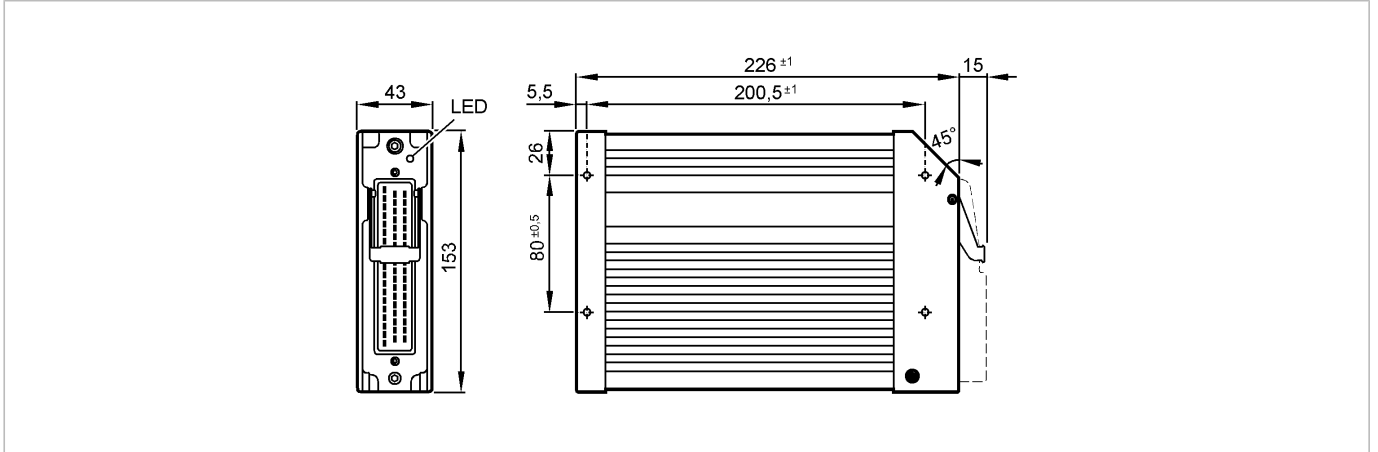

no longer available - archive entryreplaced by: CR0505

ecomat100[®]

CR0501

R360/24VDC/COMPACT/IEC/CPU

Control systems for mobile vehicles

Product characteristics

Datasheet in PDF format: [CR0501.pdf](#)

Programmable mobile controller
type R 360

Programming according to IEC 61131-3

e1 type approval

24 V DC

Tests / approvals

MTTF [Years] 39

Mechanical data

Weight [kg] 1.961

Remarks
· · · · · · ·
Task requirements.
Please repeat the records above exactly, omitting any pictures they contain.

Answer to this task.
no longer available - archive entryreplaced by: CR0505

ecomat100[®]

CR0501

R360/24VDC/COMPACT/IEC/CPU

Control systems for mobile vehicles

Product characteristics

Datasheet in PDF format: [CR0501.pdf](#)

Programmable mobile controller
type R 360

Programming according to IEC 61131-3

e1 type approval

24 V DC

Tests / approvals

MTTF [Years] 39

Mechanical data

Weight [kg] 1.961

Remarks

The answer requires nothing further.